Братишкин на улице остаётся недолго, докурив, тушит бычок о металл мусорки, отправляя туда остатки выкуренной сигареты. В доме ещё никто не планирует спать, только к играм присоединился алкоголь, и часть ребят отделилась для запуска собственных стримов. Вова на диван опускается, принимает тот факт, что от бухла бы не отказался, даже учитывая, что утром точно будет болеть голова.       
Тем временем у озера, на самом берегу, сидели два дурака, задрав штаны до коленей и опустив босые ноги в воду. Хес ушёл сюда сразу, как смог отмазаться от пребывания на разговорном стриме. Да, признаться, разговоры помогли голове немного опустеть, успокоиться и прийти в среднее состояние между «хорошо» и «полный пиздец». Дрейк, оказывается, об этом месте знал, так ещё и поведал больно романтичную историю о том, как вчера ночью они в обнимку лежали на этой скамейке с Ильёй, переплетали пальцы, целовались. Лёша был последним, кто мог что-то иметь против таких отношений, да и вся эта романтика навевала приятные воспоминания о том времени, когда они с Вовой  были чуть моложе, когда всё это ещё можно было принять за искренность и неспособность правильно понять свои чувства. Сейчас Хес не терял Вову, сейчас он терял самого себя, не понимал, что его останавливало, что не давало наконец признаться самому себе в том, что никакой Шевцов заменить этого белобрысого идиота не сможет. По щеке предательски ползёт одинокая слеза, а за плечи обнимают крепкие руки Дениса.  — Хес, ты чё? — спрашивает тихо, боится спугнуть, поглаживает по сильно выделенным на худой спине лопаткам, позволяет положить голову на плечо. 

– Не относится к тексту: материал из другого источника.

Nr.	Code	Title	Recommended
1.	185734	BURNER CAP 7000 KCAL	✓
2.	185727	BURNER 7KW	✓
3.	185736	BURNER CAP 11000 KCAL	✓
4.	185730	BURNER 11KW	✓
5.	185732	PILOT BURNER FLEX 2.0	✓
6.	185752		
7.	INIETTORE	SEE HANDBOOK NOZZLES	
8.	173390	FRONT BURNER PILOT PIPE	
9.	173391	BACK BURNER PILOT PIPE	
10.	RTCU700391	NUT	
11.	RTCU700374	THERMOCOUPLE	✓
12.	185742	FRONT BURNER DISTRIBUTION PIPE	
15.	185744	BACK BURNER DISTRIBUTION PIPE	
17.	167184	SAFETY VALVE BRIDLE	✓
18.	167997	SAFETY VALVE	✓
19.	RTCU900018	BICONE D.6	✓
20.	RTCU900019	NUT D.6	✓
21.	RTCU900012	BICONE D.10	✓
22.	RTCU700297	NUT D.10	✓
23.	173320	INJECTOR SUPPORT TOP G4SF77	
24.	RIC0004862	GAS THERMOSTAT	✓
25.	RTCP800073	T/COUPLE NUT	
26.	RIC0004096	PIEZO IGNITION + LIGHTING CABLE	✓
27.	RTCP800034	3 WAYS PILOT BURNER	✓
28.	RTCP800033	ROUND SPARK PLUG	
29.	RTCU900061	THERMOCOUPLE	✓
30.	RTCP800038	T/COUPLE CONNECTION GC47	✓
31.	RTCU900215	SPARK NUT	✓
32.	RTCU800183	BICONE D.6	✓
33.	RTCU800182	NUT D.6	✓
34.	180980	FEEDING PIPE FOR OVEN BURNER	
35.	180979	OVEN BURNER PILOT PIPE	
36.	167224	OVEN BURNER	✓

— Пиздец, Дрейк... Как можно быть таким идиотом? — горько усмехается, смотрит на собственные пальцы, невольно дрожит, кусает губы. Ему самому от себя неприятно. 
— Эй, не говори так. Ошибки — это нормально, окей? Ошибки все совершают, это не стыдно. Мы на них учимся, — подбадривающе улыбается, смотрит на спокойную синеву озера, освещаемую восходящей на чистом небе луной. 
— Не в моём возрасте учиться, Ден, — поднимая голову, трёт глаза, сжимает губы, пытается прислушаться к себе, к ощущениям и чувствам.  — Мы всю жизнь учимся. Хес, просто прими всё так, как оно есть, если судьба что-то делает, навряд ли это напрасно, — поглаживает по плечу, смотрит куда-то за его спину, несдержанно, но нежно улыбается. Лёша даже не надо поворачиваться, чтобы понять, кто там.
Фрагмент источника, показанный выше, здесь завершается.